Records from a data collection

****************************************

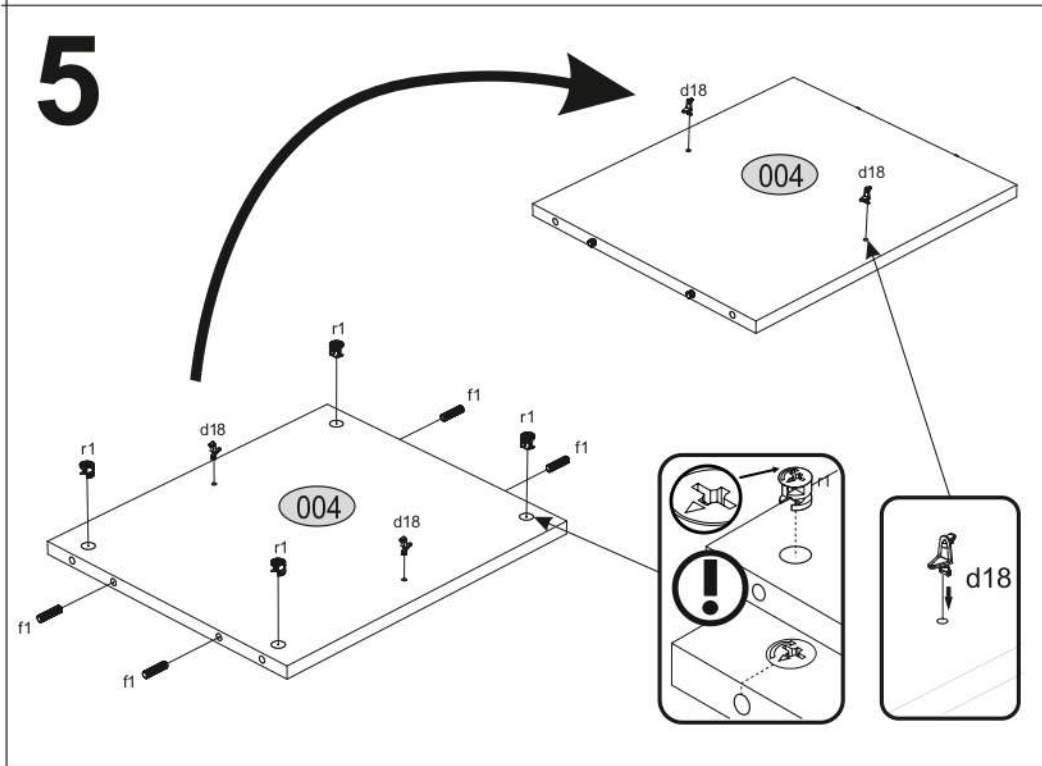

NEPU 2S 134

KÓD	ROZMER				BALÍK
001	424	1307	16	1	1/2
002	1341	400	16	1	2/2
003	424	363	16	1	1/2
004	424	363	16	1	1/2
005	425	343	16	2	1/2
006	1341	400	16	1	2/2
007	424	380	16	1	2/2
008	424	380	16	1	2/2
009	454	206	16	2	1/2
010	368	120	16	2	1/2
011	350	120	16	2	2/2
012	350	120	16	2	1/2
013	352	386	3	2	2/2
PRÍSLUŠENSTVO				2	1/2

L

R

1L

2

3

13

14

15
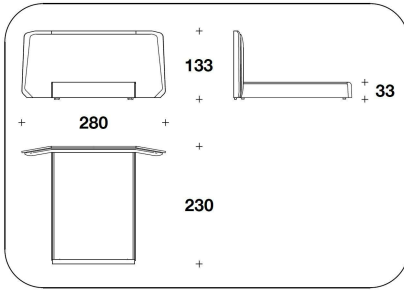

PST (LE1)
LETTO PER MATERASSO / BED FOR MATTRESS
 165x200 - 293x225x133H. - H.B.33cm
 65x78 2/3 - 115 1/3x88 2/3x52 1/3H. - H.B.13"

PST (LE1)
LETTO PER MATERASSO / BED FOR MATTRESS
 165x200 - 293x225x133H. - H.B.33cm
 65x78 2/3 - 115 1/3x88 2/3x52 1/3H. - H.B.13"

PST (LE2)
LETTO PER MATERASSO / BED FOR MATTRESS
 185x200 - 313x225x133H. - H.B.33cm
 73x78 2/3 - 123 1/3x88 2/3x52 1/3H. - H.B.13"

PST (LE2)
LETTO PER MATERASSO / BED FOR MATTRESS
 185x200 - 313x225x133H. - H.B.33cm
 73x78 2/3 - 123 1/3x88 2/3x52 1/3H. - H.B.13"

PST (LE7)
LETTO PER MATERASSO / BED FOR MATTRESS
 200x200 - 333x225x133H. - H.B.33cm
 78 2/3x78 2/3 - 131x88 2/3x52 1/3H. - H.B.13"

PST (LE7)
LETTO PER MATERASSO / BED FOR MATTRESS
 200x200 - 333x225x133H. - H.B.33cm
 78 2/3x78 2/3 - 131x88 2/3x52 1/3H. - H.B.13"

PST (QUSA)
QUEEN USA : LETTO PER MATERASSO /
BED FOR MATTRESS
 152x205 - 280x230x133H. - H.B.33cm
 60x80 2/3 - 110 1/3x90 2/3x52 1/3H. -
 H.B.13"

PST (QUSA)
QUEEN USA : LETTO PER MATERASSO /
BED FOR MATTRESS
 152x205 - 280x230x133H. - H.B.33cm
 60x80 2/3 - 110 1/3x90 2/3x52 1/3H. -
 H.B.13"
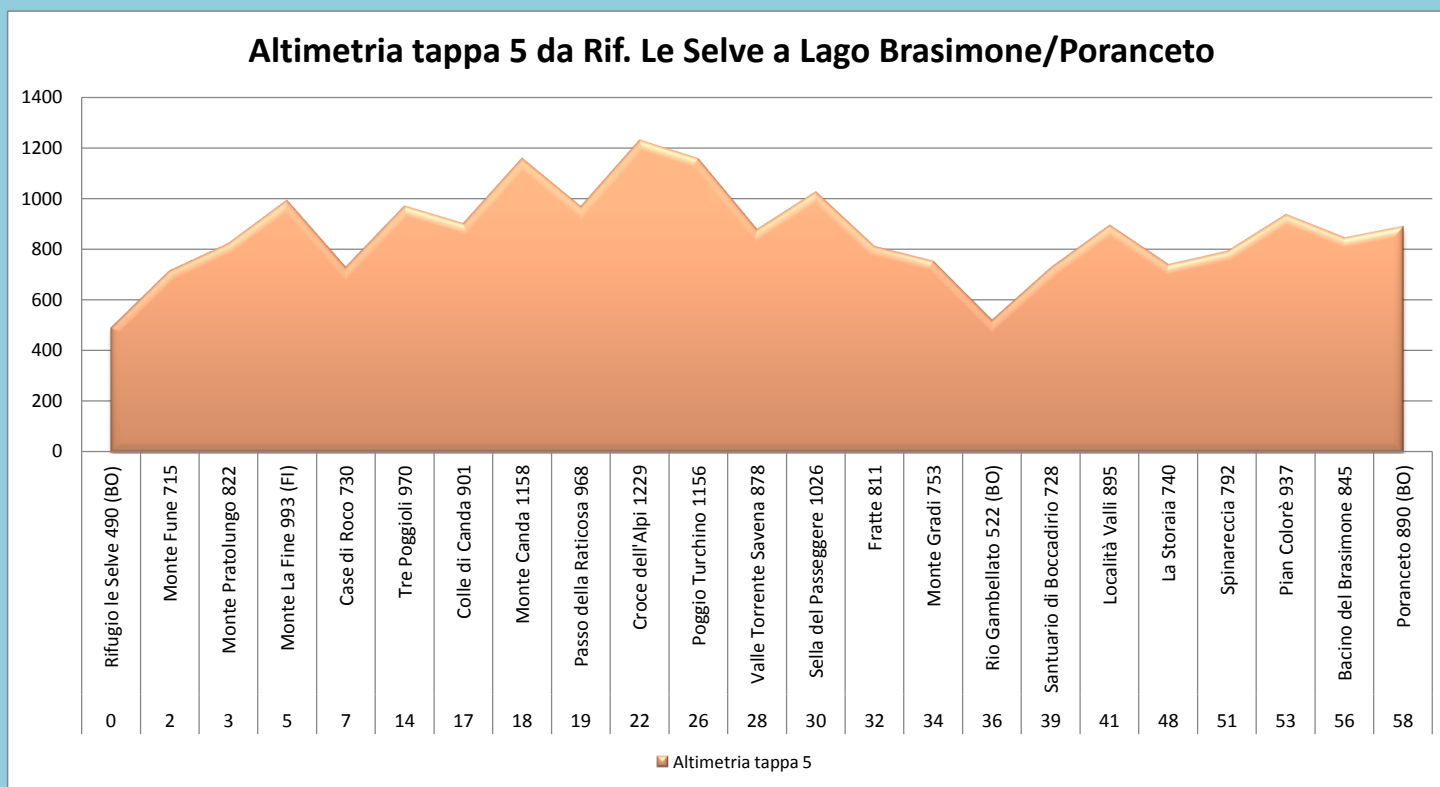

km	località	quota
0	Rifugio le Selve 490 (BO)	490
2	Monte Fune 715	715
3	Monte Pratomlungo 822	822
5	Monte La Fine 993 (FI)	993
7	Case di Roco 730	730
14	Tre Poggioli 970	970
17	Colle di Canda 901	901
18	Monte Canda 1158	1158
19	<u>Passo della Raticosa 968</u>	968
22	Croce dell'Alpi 1229	1229
26	Poggio Turchino 1156	1156
28	Valle Torrente Savena 878	878
30	Sella del Passeggere 1026	1026
32	Fratte 811	811
34	Monte Gradi 753	753
36	Rio Gambellato 522 (BO)	522
39	Santuario di Boccadirio 728	728
41	Località Valli 895	895
48	La Storaia 740	740
51	Spinareccia 792	792
53	Pian Colorè 937	937
56	<u>Bacino del Brasimone 845</u>	845
58	Poranceto 890 (BO)	890
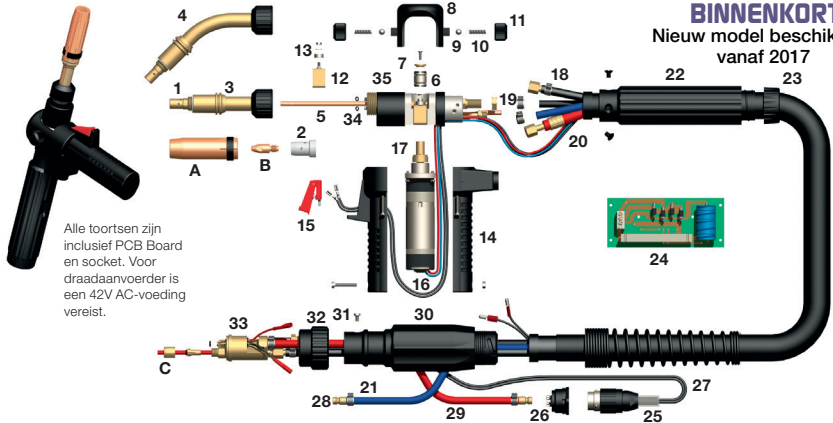

PP 400W

Watergekoelde MIG Toorts

400A CO₂, 350A Mixed Gas @ 100% Inschakelduur, EN60974-7 0.8mm tot 1.2mm Lasdraad

Alle toortsen zijn inclusief PCB Board en socket. Voor draadaanvoerder is een 42V AC-voeding vereist.

BINNENKORT 
Nieuw model beschikbaar vanaf 2017

Modellen	* Volgens standaard uitvoering
----------	--------------------------------

Codenummer	Omschrijving
PP400W-80	Push Pull Lastoorts 180° Zwanenhals x 8m Euro
PP4045W-80	Push Pull Lastoorts 45° Zwanenhals x 8m Euro

Mondstukken	* Volgens standaard uitvoering
-------------	--------------------------------

Codenummer	Omschrijving
A B5027	Cilindrisch Mondstuk 19mm Opening
B5028*	Konisch Mondstuk 16mm Opening
B5029	Sterk Konisch Mondstuk 14mm Opening

Codenummer	Omschrijving
1 B5001	Kontaktthouder 25mm M8
2 B5005B	Gasverdeler Zwart
2 B5005C	Gasverdeler Ceramisch
3 B4051	Rechte Zwanenhals
4 B4051-45	Zwanenhals
5 B3662	Kontakttube
6 B3656-10	Aandrijfrol 1.0mm
B3656-10A	Aandrijfrol 1.0mm Aluminium
B3656-12	Aandrijfrol 1.2mm
B3656-12A*	Aandrijfrol 1.2mm Aluminium
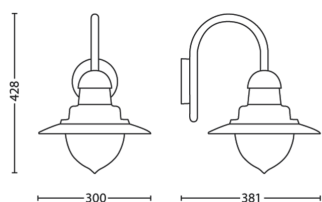

PHILIPS

Raindrop wandlamp
60W E27 zonder lamp

myGarden

Geen lamp

Brons

Waterbestendig

01652/06/PN

****************************************

ABOUT THIS TASK |
Output all the records above exactly, but without their images.

RESPONSE FOR THIS EXERCISE |
NEPU 2S 134

KÓD	ROZMER				BALÍK
001	424	1307	16	1	1/2
002	1341	400	16	1	2/2
003	424	363	16	1	1/2
004	424	363	16	1	1/2
005	425	343	16	2	1/2
006	1341	400	16	1	2/2
007	424	380	16	1	2/2
008	424	380	16	1	2/2
009	454	206	16	2	1/2
010	368	120	16	2	1/2
011	350	120	16	2	2/2
012	350	120	16	2	1/2
013	352	386	3	2	2/2
PRÍSLUŠENSTVO				2	1/2

L

R

1L

2

3

13

14

15

PST (LE1)
LETTO PER MATERASSO / BED FOR MATTRESS
 165x200 - 293x225x133H. - H.B.33cm
 65x78 2/3 - 115 1/3x88 2/3x52 1/3H. - H.B.13"

PST (LE1)
LETTO PER MATERASSO / BED FOR MATTRESS
 165x200 - 293x225x133H. - H.B.33cm
 65x78 2/3 - 115 1/3x88 2/3x52 1/3H. - H.B.13"

PST (LE2)
LETTO PER MATERASSO / BED FOR MATTRESS
 185x200 - 313x225x133H. - H.B.33cm
 73x78 2/3 - 123 1/3x88 2/3x52 1/3H. - H.B.13"

PST (LE2)
LETTO PER MATERASSO / BED FOR MATTRESS
 185x200 - 313x225x133H. - H.B.33cm
 73x78 2/3 - 123 1/3x88 2/3x52 1/3H. - H.B.13"

PST (LE7)
LETTO PER MATERASSO / BED FOR MATTRESS
 200x200 - 333x225x133H. - H.B.33cm
 78 2/3x78 2/3 - 131x88 2/3x52 1/3H. - H.B.13"

PST (LE7)
LETTO PER MATERASSO / BED FOR MATTRESS
 200x200 - 333x225x133H. - H.B.33cm
 78 2/3x78 2/3 - 131x88 2/3x52 1/3H. - H.B.13"

PST (QUSA)
QUEEN USA : LETTO PER MATERASSO /
BED FOR MATTRESS
 152x205 - 280x230x133H. - H.B.33cm
 60x80 2/3 - 110 1/3x90 2/3x52 1/3H. -
 H.B.13"

PST (QUSA)
QUEEN USA : LETTO PER MATERASSO /
BED FOR MATTRESS
 152x205 - 280x230x133H. - H.B.33cm
 60x80 2/3 - 110 1/3x90 2/3x52 1/3H. -
 H.B.13"

km	località	quota
0	Rifugio le Selve 490 (BO)	490
2	Monte Fune 715	715
3	Monte Pratomlungo 822	822
5	Monte La Fine 993 (FI)	993
7	Case di Roco 730	730
14	Tre Poggioli 970	970
17	Colle di Canda 901	901
18	Monte Canda 1158	1158
19	<u>Passo della Raticosa 968</u>	968
22	Croce dell'Alpi 1229	1229
26	Poggio Turchino 1156	1156
28	Valle Torrente Savena 878	878
30	Sella del Passeggere 1026	1026
32	Fratte 811	811
34	Monte Gradi 753	753
36	Rio Gambellato 522 (BO)	522
39	Santuario di Boccadirio 728	728
41	Località Valli 895	895
48	La Storaia 740	740
51	Spinareccia 792	792
53	Pian Colorè 937	937
56	<u>Bacino del Brasimone 845</u>	845
58	Poranceto 890 (BO)	890

PP 400W

Watergekoelde MIG Toorts

400A CO₂, 350A Mixed Gas @ 100% Inschakelduur, EN60974-7 0.8mm tot 1.2mm Lasdraad

Alle toortsen zijn inclusief PCB Board en socket. Voor draadaanvoerder is een 42V AC-voeding vereist.

BINNENKORT 
Nieuw model beschikbaar vanaf 2017

Modellen	* Volgens standaard uitvoering
----------	--------------------------------

Codenummer	Omschrijving
PP400W-80	Push Pull Lastoorts 180° Zwanenhals x 8m Euro
PP4045W-80	Push Pull Lastoorts 45° Zwanenhals x 8m Euro

Mondstukken	* Volgens standaard uitvoering
-------------	--------------------------------

Codenummer	Omschrijving
A B5027	Cilindrisch Mondstuk 19mm Opening
B5028*	Konisch Mondstuk 16mm Opening
B5029	Sterk Konisch Mondstuk 14mm Opening

Codenummer	Omschrijving
1 B5001	Kontaktthouder 25mm M8
2 B5005B	Gasverdeler Zwart
2 B5005C	Gasverdeler Ceramisch
3 B4051	Rechte Zwanenhals
4 B4051-45	Zwanenhals
5 B3662	Kontakttube
6 B3656-10	Aandrijfrol 1.0mm
B3656-10A	Aandrijfrol 1.0mm Aluminium
B3656-12	Aandrijfrol 1.2mm
B3656-12A*	Aandrijfrol 1.2mm Aluminium

PHILIPS

Raindrop wandlamp
60W E27 zonder lamp

myGarden

Geen lamp

Brons

Waterbestendig

01652/06/PN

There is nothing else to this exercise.